Entries taken from a collection:
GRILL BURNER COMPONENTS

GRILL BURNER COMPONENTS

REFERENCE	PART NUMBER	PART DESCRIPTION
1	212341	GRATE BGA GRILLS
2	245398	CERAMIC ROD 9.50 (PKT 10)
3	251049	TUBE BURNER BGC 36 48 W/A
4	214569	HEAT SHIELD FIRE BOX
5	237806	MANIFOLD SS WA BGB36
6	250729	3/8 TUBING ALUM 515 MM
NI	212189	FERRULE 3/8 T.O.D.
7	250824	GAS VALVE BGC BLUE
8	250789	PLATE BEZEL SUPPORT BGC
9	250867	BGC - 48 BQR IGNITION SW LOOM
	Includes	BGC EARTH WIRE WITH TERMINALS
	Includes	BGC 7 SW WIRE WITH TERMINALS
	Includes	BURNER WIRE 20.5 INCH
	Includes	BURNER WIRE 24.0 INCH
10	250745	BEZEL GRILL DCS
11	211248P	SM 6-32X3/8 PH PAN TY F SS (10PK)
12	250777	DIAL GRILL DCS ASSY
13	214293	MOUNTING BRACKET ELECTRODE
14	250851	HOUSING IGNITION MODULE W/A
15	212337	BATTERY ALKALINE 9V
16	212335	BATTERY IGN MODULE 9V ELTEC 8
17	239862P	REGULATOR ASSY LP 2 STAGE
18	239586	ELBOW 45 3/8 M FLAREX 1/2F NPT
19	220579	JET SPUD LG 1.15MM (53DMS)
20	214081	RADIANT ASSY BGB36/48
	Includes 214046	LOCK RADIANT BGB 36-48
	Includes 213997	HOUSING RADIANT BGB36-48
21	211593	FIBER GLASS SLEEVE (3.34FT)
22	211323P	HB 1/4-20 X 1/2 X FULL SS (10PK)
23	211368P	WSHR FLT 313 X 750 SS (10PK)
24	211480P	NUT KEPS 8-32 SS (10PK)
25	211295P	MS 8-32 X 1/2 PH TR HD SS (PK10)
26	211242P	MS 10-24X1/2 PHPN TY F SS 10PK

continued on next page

---

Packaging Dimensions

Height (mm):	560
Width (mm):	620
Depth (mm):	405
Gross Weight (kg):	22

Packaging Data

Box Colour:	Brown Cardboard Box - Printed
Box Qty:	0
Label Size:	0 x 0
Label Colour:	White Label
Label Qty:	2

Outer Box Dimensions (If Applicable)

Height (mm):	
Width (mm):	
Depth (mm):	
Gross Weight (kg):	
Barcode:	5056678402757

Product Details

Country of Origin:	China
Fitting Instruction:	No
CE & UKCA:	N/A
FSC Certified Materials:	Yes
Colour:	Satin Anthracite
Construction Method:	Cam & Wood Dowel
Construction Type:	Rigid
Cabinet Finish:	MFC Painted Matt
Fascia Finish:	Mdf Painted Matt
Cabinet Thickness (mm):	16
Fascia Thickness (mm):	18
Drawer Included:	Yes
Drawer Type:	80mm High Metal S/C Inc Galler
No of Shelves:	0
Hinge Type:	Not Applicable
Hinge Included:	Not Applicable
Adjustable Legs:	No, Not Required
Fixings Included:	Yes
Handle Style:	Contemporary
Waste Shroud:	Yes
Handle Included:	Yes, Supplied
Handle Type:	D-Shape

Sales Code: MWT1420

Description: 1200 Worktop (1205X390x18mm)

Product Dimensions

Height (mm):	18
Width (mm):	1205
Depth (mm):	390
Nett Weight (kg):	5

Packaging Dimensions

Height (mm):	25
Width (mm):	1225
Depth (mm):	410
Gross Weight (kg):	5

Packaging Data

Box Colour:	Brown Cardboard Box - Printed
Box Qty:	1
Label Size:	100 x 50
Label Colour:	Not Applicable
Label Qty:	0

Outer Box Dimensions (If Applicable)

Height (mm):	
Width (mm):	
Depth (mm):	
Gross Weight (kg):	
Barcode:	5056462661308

● **WORK INSTRUCTIONS**
Count the lines in the data where "Included" occurs. Report the number only.

● **ANSWER FOR THIS EXERCISE**
4